• Problem requirements: Using the records below, copy every line that holds the string "Bulkhead".

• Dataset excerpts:
Start of Block
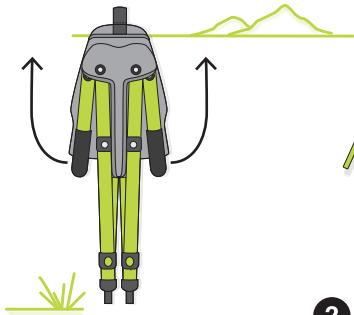

Eureka!

INSTRUCTIONS | Director Chair (2572123)

- 1** Release chair arms by unfolding them upward.

- 2** Fold seatback upward.

- 3** Grasp sides of seat and pull outward so that chair can stand upright.

- 4** Place your foot on the lower frame section and pull upward on side lever to finish setup and deploy side table.

- 5** Reverse steps to collapse chair.

FURNITURE CARE

- Weight limit: 300lbs
- Keep away from open flame
- Use on level ground
- Use caution to avoid injuring fingers when opening/closing

WARRANTY

- Your Eureka! furniture is covered by a one year warranty.
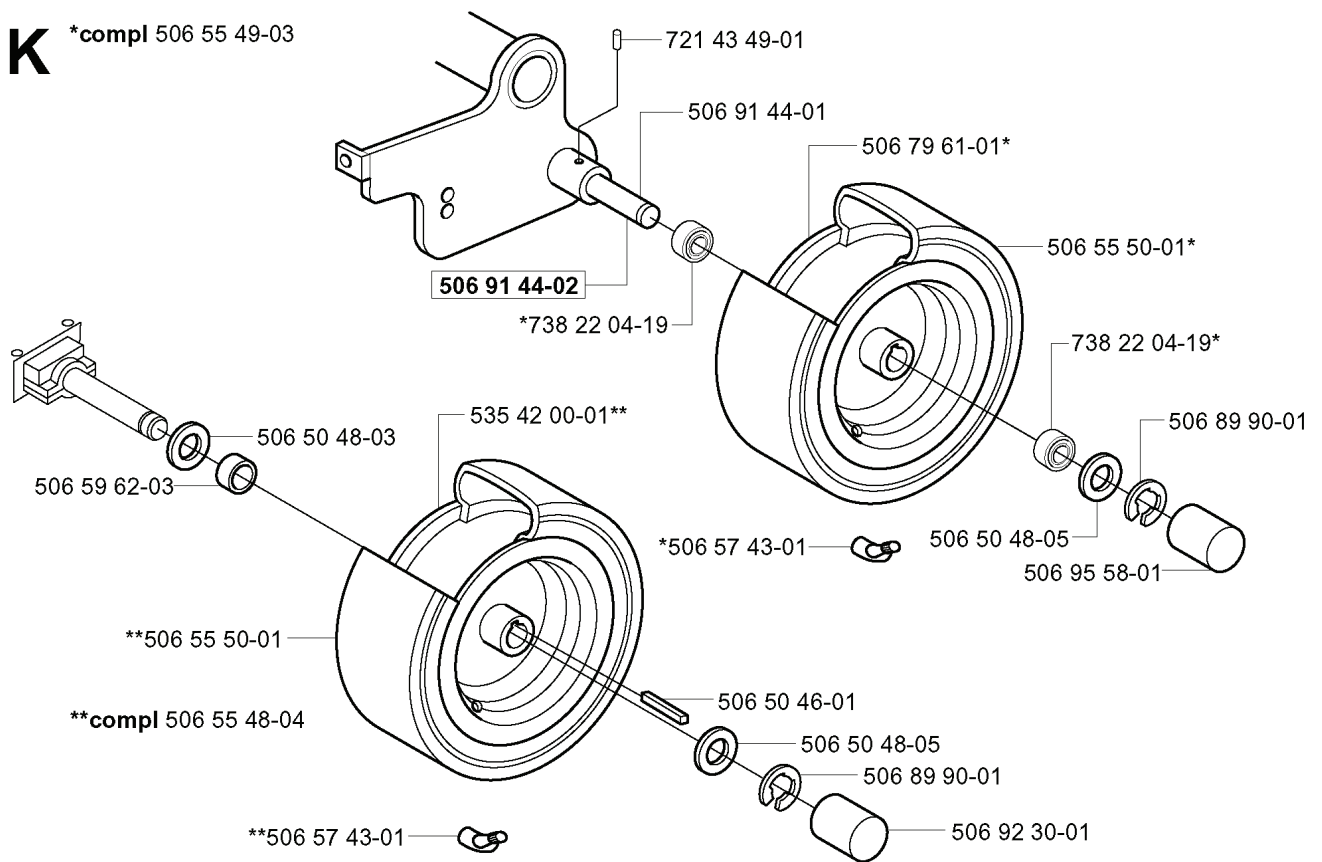

F

New part,
Neues teil,
Nouvelle piece,
Nueva pieza,
Ny detalj

xxx xx xx-xx =

REF.	PART NO.	DESCRIPTION	REMARK	QTY.	KIT
535 40 28-40	535402840	PIN RETAINING SCREW		1	
535 40 28-38	535402838	LEVER		1	
535 40 28-41	535402841	PIN		1	
535 40 28-39	535402839	SPRING		1	
506 98 82-01	506988201	FRIKOPPLINGSSTÅNG		1	
506 98 75-01	506987501	ADJUSTMENT ROD		1	
732 21 14-01	732211401	LOCK NUT		1	
535 40 28-35	535402835	LEVER		1	
535 40 28-09	535402809	PIN RETAINING SCREW		1	
535 40 28-33	535402833	PIN RETAINING SCREW		1	
535 40 28-17	535402817	LEVER		1	
535 40 28-16	535402816	PIN RETAINING SCREW		1	
535 40 28-37	535402837	SEALING		1	
506 83 43-01	506834301	SPRING		1	
506 59 93-01	506599301	LINK		1	
731 23 18-01	731231801	HEXAGON NUT		1	
506 98 64-01	506986401	TRANSMISSION	K46	1	
506 55 83-02	506558302	SCREW EHHFT		1	
535 40 28-30	535402830	HOLDER		1	
535 40 28-29	535402829	MAGNET		1	
535 40 28-32	535402832	PLUG		1	
506 98 70-01	506987001	HOSE CLAMP		1	
506 98 69-01	506986901	HOSE		1	
506 98 90-01	506989001	EXPANSION TANK		1	
506 98 80-01	506988001	TANK CAP ASSY		1	
735 31 28-00	735312800	CIRCLIP		1	
506 98 67-01	506986701	PULLEY		1	
506 98 65-01	506986501	SPRING WASHER		1	
506 98 66-01	506986601	DISTANCE		1	
506 98 68-01	506986801	FAN		1	
735 31 15-00	735311500	CIRCLIP		1	

K *compl 506 55 49-03

REF.	PART NO.	DESCRIPTION	REMARK	QTY.	KIT
506 55 49-03	506554903	WHEEL		1	
721 43 49-01	721434901	SPRING PIN		1	
506 91 44-01	506914401	WHEEL AXLE		1	
506 91 44-02	506914402	WHEEL AXLE		1	
738 22 04-19	738220419	BALL BEARING		1	
535 42 00-01	535420001	RIM		1	
506 50 48-03	506504803	WASHER		1	
506 59 62-03	506596203	SPACING SLEEVE		1	
506 55 48-04	506554804	REAR WHEEL		1	
506 92 30-01	506923001	RUND FOT UKB 30 S		1	
506 50 48-05	506504805	WASHER		1	
506 50 46-01	506504601	WEDGE		1	
506 57 43-01	506574301	VALVE ASSY		1	
506 95 58-01	506955801	CUP		1	
506 89 90-01	506899001	E-CLIP		1	
506 55 50-01	506555001	TIRE		1	
506 79 61-01	506796101	RIM		1	
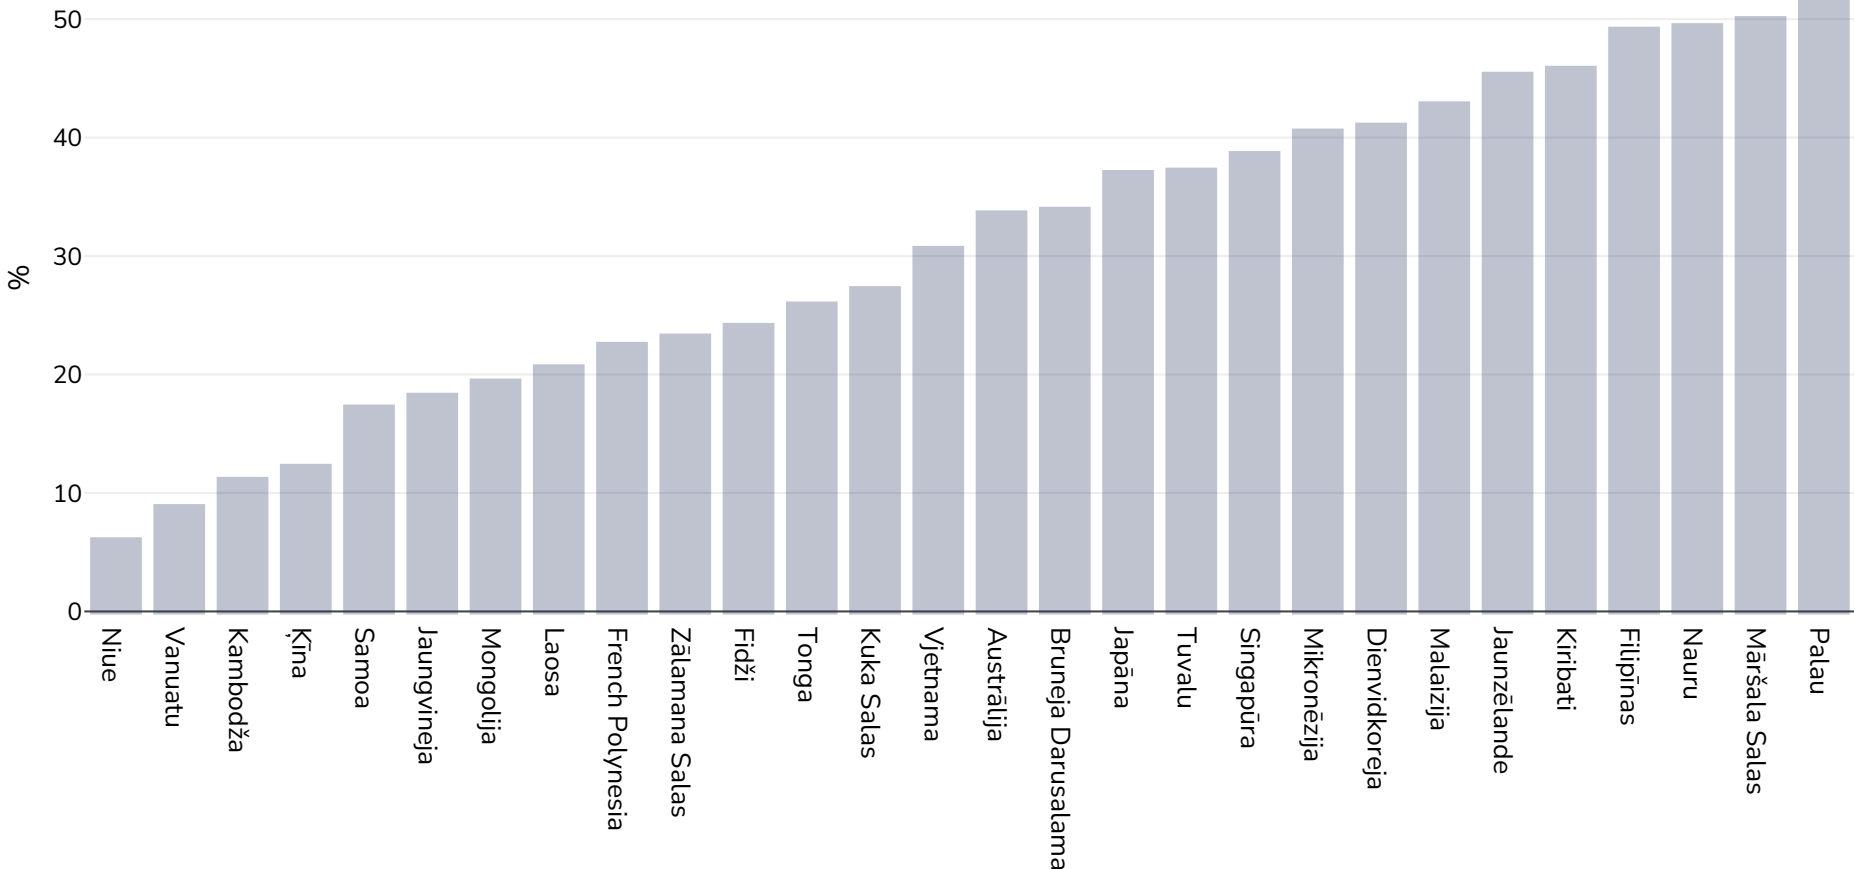

# PVO Klusā okeāna rietumu reģions: Insufficient activity

Sievietes, 2016

Atsauces:

Guthold R, Stevens GA, Riley LM, Bull FC. Worldwide trends in insufficient physical activity from 2001 to 2016: a pooled analysis of 358 population-based surveys with 1.9 million participants. Lancet 2018 [http://dx.doi.org/10.1016/S2214-109X\(18\)30357-7](http://dx.doi.org/10.1016/S2214-109X(18)30357-7)
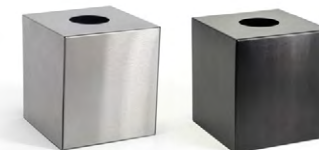

Brushed Stainless Tissue Cover
See on page 138
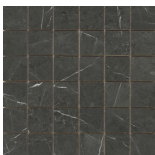

**MARQUINA HEXAGON AMPLE  
MARQUINA PULIDO 32,5X22,5**  
SP2046 | Polished |

30x30 / 12"x12"

---

**MARQUINA MOSAICO PULIDO 30X30**  
SP2037 | Polished |

26x27 / 11"x11"

---

**MARQUINA HEXAGON PULIDO 26X27**  
SP2051 | Polished |
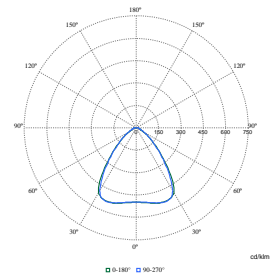

Polar Normal (separate) - RC340BI - 910925867003
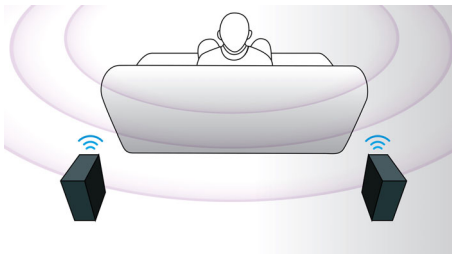

Designed to enhance your cinema at home

- Wireless rear speakers option for clutter free placement

PHILIPS

5.1 Home theater with 3D Angled speakers
3D Blu-ray dock iPod/iPhone

HTB7530KD/98

Highlights

3D Angled speakers

3D Angled Speakers feature angled drivers to deliver sound not only towards the front but also to the sides, creating a wider sweet spot so you can enjoy more immersive and cinematic surround sound.

Wireless rear speakers option

Instant 2D to 3D conversion

Enjoy 3D movie excitement in your home using your existing 2D movie collection. Instant 3D conversion uses the latest digital technology to analyze 2D video content to distinguish between foreground and background objects. This detail generates a depth map that converts normal 2D video formats, into exciting 3D. Along with your compatible 3D TV, you are now ready to experience full HD 3D.
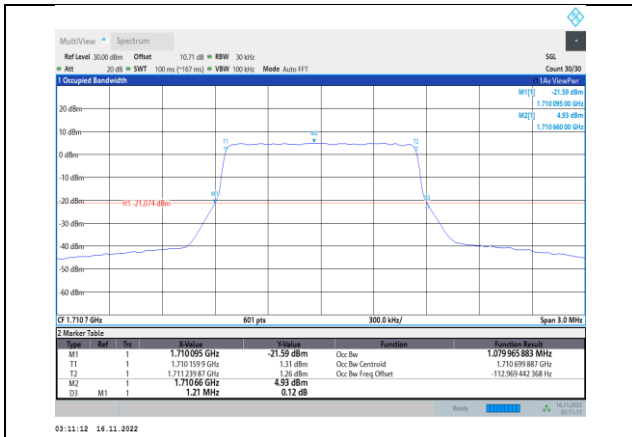

Band41-20MHz-64QAM-41140-100RB#0

Band66-1.4MHz-QPSK-131979-6RB#0

Band66-1.4MHz-16QAM-131979-6RB#0

Band66-1.4MHz-QPSK-132322-6RB#0

Band66-1.4MHz-16QAM-132322-6RB#0

Band66-1.4MHz-QPSK-132665-6RB#0

Band66-1.4MHz-16QAM-132665-6RB#0
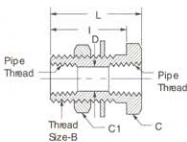

# Bulkhead Couplings

**Bulkhead Coupling (Steel)**

FEMALE PIPE THREAD	CATALOG NUMBER	THREAD SIZE B	HEX C	HEX C1	D	I	L
1/4	W05465	3/4-16	1	1-1/16	.422	1.25	1.50
1/4	W21204	3/4-16	1	1-1/16	.422	.69	.94
3/8	W17709	1-14	1-1/8	1-3/8	.563	1.06	1.31

**Bulkhead Coupling (Brass)**

FEMALE PIPE THREAD	CATALOG NUMBER	THREAD SIZE B	HEX C	HEX C1	D	I	L
1/4	1344	3/4-16	1	1-1/16	.422	1.25	1.50
1/4	1345	3/4-16	1	1-1/16	.422	.69	.94
3/8	1346	1-14	1-1/8	1-3/8	.563	1.06	1.31
1/2	1351	1-1/8-14	1-1/4	1-3/8	.703	1.19	1.50

**Bulkhead Coupling (Steel)**

MALE PIPE THREAD	FEMALE PIPE THREAD	CATALOG NUMBER	THREAD SIZE B	HEX C	HEX C1	D	I	L
1/2	1/4	W05498	3/4-16	1-1/4	1-1/16	.312	1.13	2.16
1/2	1/4	W05499	3/4-16	1-1/4	1-1/16	.312	1.53	2.53

Hex Pipe Nipple  
(Ref. SAE No. 140137)

MALE PIPE THREAD	MALE PIPE THREAD	CATALOG NUMBER
1/16	1/16	C3069x1
1/8	1/16	C3069x2x1
1/8	1/8	C3069x2
1/4	1/8	C3069x4x2
1/4	1/4	C3069x4
3/8	1/8	C3069x6x2
3/8	1/4	C3069x6x4
3/8	3/8	C3069x6
1/2	1/4	C3069x8x4
1/2	3/8	C3069x8x6
1/2	1/2	C3069x8
3/4	1/2	C3069x12x8
3/4	3/4	C3069x12
1	3/4	C3069x16x12
1	1	C3069x16
1-1/4	1-1/4	C3069x20
1-1/2	1-1/2	C3069x24
2	2	C3069x32
End of Block
• Result below:
# Bulkhead Couplings
**Bulkhead Coupling (Steel)**
**Bulkhead Coupling (Brass)**
**Bulkhead Coupling (Steel)**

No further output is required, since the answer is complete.